Nach Baliye () is an Indian Hindi-language celebrity dance reality television series that airs on Star Plus.

Production

Concept
The show is a competition wherein 10 television celebrity couples compete against each other. Contestants dance to a different tune, different theme and different styles every week and scores are given by the judges. Each week one couple is eliminated based on public voting and their scores.

In Season 9, the contestant ratings were changed to be on a scale from 1 to 100.

Reception
In 2012, when season 5 premiered the show did very well throughout the season. The grand premiere has gained 4.1 TRP.

Series

Season 1

Nach Baliye 1 is the first season of the dance reality show, Nach Baliye.

It started on 17 October 2005 and ended on 19 December 2005 with Sachin Pilgaonkar and Supriya Pilgaonkar as the winners. The judges were Saroj Khan, Malaika Arora Khan and Farhan Akhtar with Sangeeta Ghosh and Shabbir Ahluwalia serving as the hosts. The series was produced by SOL Productions.

Contestants
 Supriya Pilgaonkar and Sachin Pilgaonkar, winners
 Poonam Narula and Manish Goel, runners-up
 Rajeshwari Sachdev and Varun Badola, 3rd position
 Delnaaz Irani and Rajeev Paul, 4th position
 Archana Puran Singh and Parmeet Sethi, 5th position
 Shilpa Saklani and Apurva Agnihotri, 6th position
 Neeru Bajwa and Amit Sadh, 7th position
 Sai Deodhar and Shakti Anand, 8th position
 Manini Mishra and Mihir Mishra, 9th position
 Manasi Joshi Roy and Rohit Roy, 10th position

Season 2

Nach Baliye 2 is the second season of the dance reality show, Nach Baliye.

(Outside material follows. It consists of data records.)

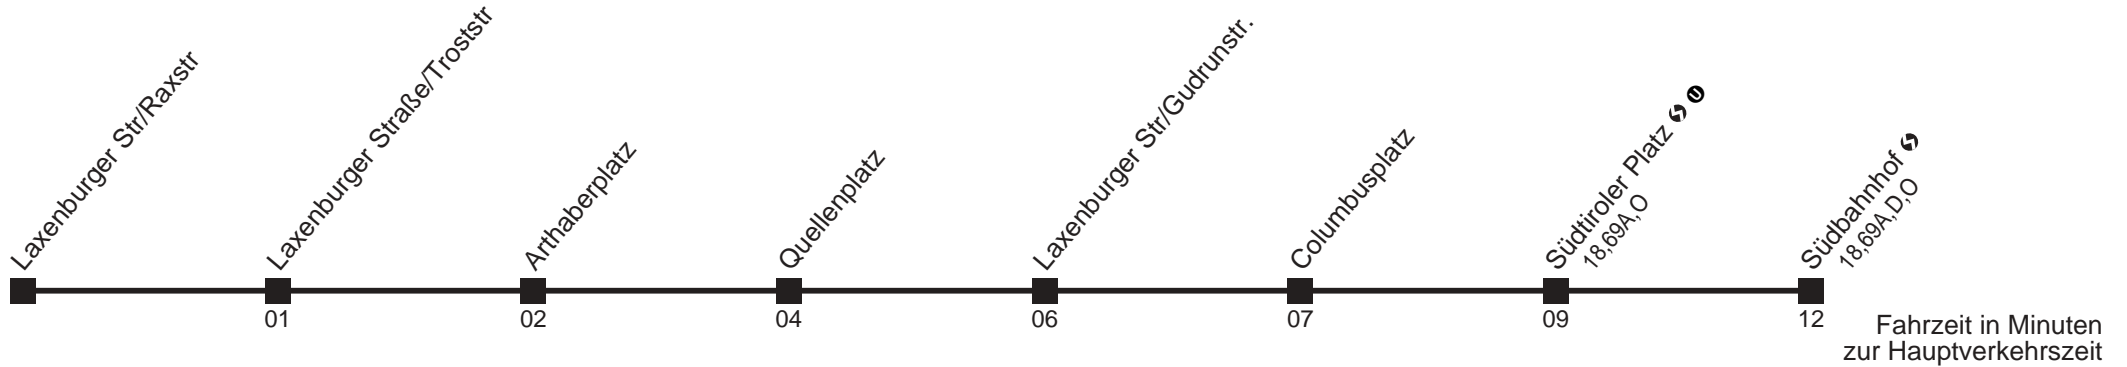

13A

Laxenburger Str/Raxstr → Südbahnhof

Ihr Kurzstreckenfahrtschein gilt bis
Südbahnhof

Mo-Fr (Schule)

Montag bis Freitag (Ferien)

Sa (Schule)

Samstag (Ferien)

Sonn- und Feiertag

4 38 48 54

4 38 48 54

4 38 48

4 38 48

4 38 48

5 00

5 00

5 00

5 00

5 00

Am 24.12. ab ca. 17.00 Uhr Intervall alle 15 Minuten

It started on 25 September 2006 and ended on 18 December 2006 with Hussain Kuwajerwala and Tina Kuwajerwala as the winners. Saroj Khan, Malaika Arora Khan and Kunal Kohli were the judges.  Sangeeta Ghosh and Shabbir Ahluwalia hosted the season. SOL Productions produced the second season as well.

Contestants
Hussain Kuwajerwala and Tina Kuwajerwala, winners
Yash Tonk and Gauri Tonk, runners-up
 Tannaz Irani and Bakhtiyaar Irani, 3rd position
Gauri Pradhan and Hiten Tejwani, 4th position
 Shweta Kawatra and Manav Gohil, 5th position
 Shweta Tiwari and Raja Choudhary, 6th position
 Gurdeep Kohli and Arjun Punj, 7th position
 Keerti Gaekwad Kelkar and Sharad Kelkar, 8th position
 Narayani Shastri and Gaurav Chopra, 9th position
 Ketki Dave and Rasik Dave, 10th position

Season 3

Nach Baliye 3 is the third season of the dance reality show, Nach Baliye.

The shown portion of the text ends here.